Question

g(x) = x - 6
domain of g: all real numbers
range of g: all real numbers
k(x) = \sqrt{x}
domain of k: x \geq 0
range of k: y \geq 0
(image: graph of a line with a red segment)
domain of g + k: x >= 0
range of g + k: (dropdown with options y >= 0, y >= -6, all real numbers)

Explanation:

Step1: Analyze \( g(x) \) and \( k(x) \)

\( g(x)=x - 6 \) is a linear function, its range is all real numbers (\( (-\infty,\infty) \)). \( k(x)=\sqrt{x} \) has a range \( y\geq0 \) (since square root of non - negative \( x \) is non - negative).

Step2: Find the range of \( g(x)+k(x) \)

Let \( h(x)=g(x)+k(x)=x - 6+\sqrt{x} \).
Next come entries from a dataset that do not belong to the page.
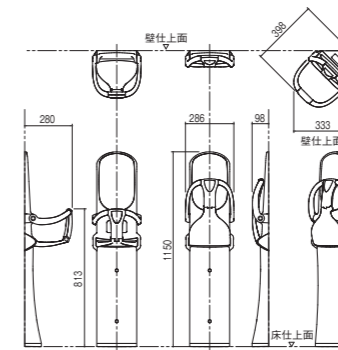

ベビーキープ等

※取付詳細図につきましては、お問い合わせください。

LB-BK-F62

ベビーキープ

材質/本体:ABS、フレーム:スチール  
仕上/本体:クリアホワイト、フレーム:防錆処理

- セットネジ 壁固定用:  
呼び5×35タッピンネジ+ワッシャー:4セット  
床勾配調整用:呼び10ワッシャー:3枚
- セット部品 誘導案内ステッカー:2枚  
使用説明ステッカー:1枚  
ヘッドパッド:1枚  
ネジキャップ:2個
- 使用対象年齢:5ヵ月~2歳半までの乳幼児
- 耐荷重:30kg
- 製品重量:7.5kg
- コーナー取付の場合はコーナー金具LB-BC-F31が必要です。
- アンカーボルト等の固定用金具はセット外です。  
壁・床の種類にあわせてご用意ください。

収納時の厚さ98mmの超薄型ベビー専用チェアです。

LB-BC-F31

コーナー金具

材質/カバー:ABS、フレーム:スチール  
仕上/カバー:クリアホワイト、フレーム:防錆処理

- セットネジ コーナーカバー用:呼び4タッピンネジ:2本  
本体固定用:M6ネジ:4本  
呼び6平ワッシャー(外径φ20):2枚  
呼び6平ワッシャー(外径φ12):2枚
- セット部品 コーナーカバー:1個
- 使用対象年齢:1ヵ月~2歳半までの乳幼児
- 製品重量:0.7kg
- アンカーボルト等の固定用金具はセット外です。  
壁・床の種類にあわせてご用意ください。

ベビーキープF62のコーナー取り付け用金具です。

取付状態  
(ベビーキープ  
本体は別売)

LB-BS-F42

ベビーシート

材質/本体:ABS、フレーム:スチール  
仕上/本体:クリアホワイト、フレーム:防錆処理

- セットネジ 壁固定用:  
呼び5×35タッピンネジ+ワッシャー:5セット  
脚フレーム締結用:M8ナット+ワッシャー+  
スプリングワッシャー:3セット  
M10六角孔付ボルト:2本
- セット部品 ネジキャップ:4個  
誘導案内シート用ステッカー:2枚  
クッション向き表示ステッカー:LR各1枚  
警告ステッカー:1枚
- 使用対象年齢:1ヵ月~2歳半までの乳幼児
- 耐荷重:30kg
- 製品重量:24kg
- アンカーボルト等の固定用金具はセット外です。  
壁・床の種類にあわせてご用意ください。

Let \( t = \sqrt{x} \), where \( t\geq0 \). Then \( x=t^{2} \), and \( h(t)=t^{2}-6 + t=t^{2}+t - 6 \), with \( t\geq0 \).

The function \( y = t^{2}+t - 6 \) is a quadratic function with \( a = 1\), \( b = 1\), \( c=-6 \). The axis of symmetry is \( t=-\frac{b}{2a}=-\frac{1}{2} \). Since \( a = 1>0 \), the function is increasing for \( t\geq-\frac{1}{2} \). For \( t\geq0 \), when \( t = 0 \), \( y=0^{2}+0 - 6=-6 \). As \( t \) increases, \( y=t^{2}+t - 6 \) increases (because the derivative \( y^\prime=2t + 1>0 \) for \( t\geq0 \)). So the minimum value of \( h(t) \) (when \( t = 0 \)) is \( - 6 \), and the range of \( h(t) \) (i.e., the range of \( g + k \)) is \( y\geq - 6 \).

Answer:

\( y\geq - 6 \)